**** Record set

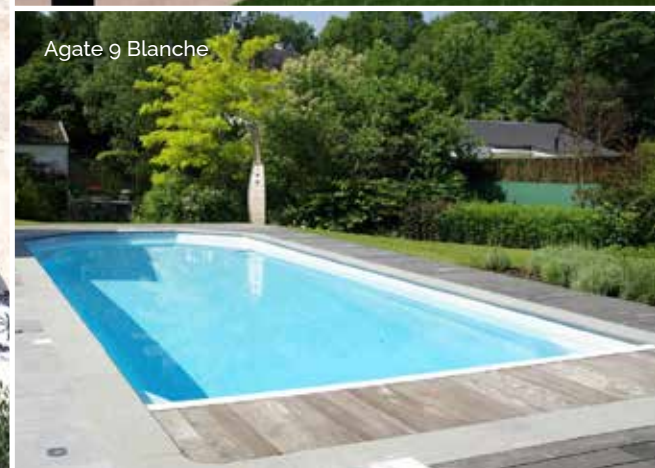

Agate 10 beige

Possibilité de mettre un volet de sécurité à la norme NF P 90-308

Longueur : 8,00 m
Largeur : 4,05 m
Profondeur : 0,87 - 1,62 m

Longueur : 9,00 m
Largeur : 4,05 m
Profondeur : 0,80 - 1,62 m

Longueur : 10,00 m
Largeur : 4,05 m
Profondeur : 0,80 - 1,74 m

Longueur : 11,00 m
Largeur : 4,05 m
Profondeur : 0,80 - 1,86 m
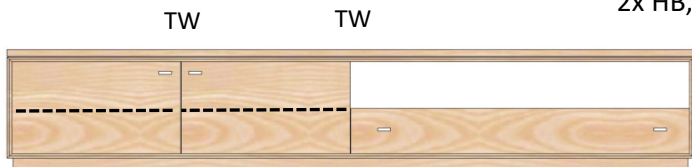

Nischeninnenmaße iH/iB/iT=14,9/105,2/42,7

**AX-1491**  
 TV-Lowboard 2-trg.  
 1 Schub., 1 Nische mittig  
 H/B/T= 40/216/46cm  
 2x HB

**Kernbuche geölt**  
 Kernbuche lackiert  
**Wildeiche geölt**  
 Wildeiche lackiert  
  
**KP-2166** Keramikdeckplatte

Nischeninnenmaße iH/iB/iT=14,9/104,8/42,7

**AX-1401**  
 TV-Lowboard 4-trg.  
 H/B/T= 40/216/46cm  
 4x HB

**Kernbuche geölt**  
 Kernbuche lackiert  
**Wildeiche geölt**  
 Wildeiche lackiert  
  
**KP-2166** Keramikdeckplatte

********

*Prompt:*
Omit the pictures, then set down all the remaining data exactly as given.

*Result for this exercise:*
Agate 10 beige

Possibilité de mettre un volet de sécurité à la norme NF P 90-308

Longueur : 8,00 m
Largeur : 4,05 m
Profondeur : 0,87 - 1,62 m

Longueur : 9,00 m
Largeur : 4,05 m
Profondeur : 0,80 - 1,62 m

Longueur : 10,00 m
Largeur : 4,05 m
Profondeur : 0,80 - 1,74 m

Longueur : 11,00 m
Largeur : 4,05 m
Profondeur : 0,80 - 1,86 m

Nischeninnenmaße iH/iB/iT=14,9/105,2/42,7

**AX-1491**  
 TV-Lowboard 2-trg.  
 1 Schub., 1 Nische mittig  
 H/B/T= 40/216/46cm  
 2x HB

**Kernbuche geölt**  
 Kernbuche lackiert  
**Wildeiche geölt**  
 Wildeiche lackiert  
  
**KP-2166** Keramikdeckplatte

Nischeninnenmaße iH/iB/iT=14,9/104,8/42,7

**AX-1401**  
 TV-Lowboard 4-trg.  
 H/B/T= 40/216/46cm  
 4x HB

**Kernbuche geölt**  
 Kernbuche lackiert  
**Wildeiche geölt**  
 Wildeiche lackiert  
  
**KP-2166** Keramikdeckplatte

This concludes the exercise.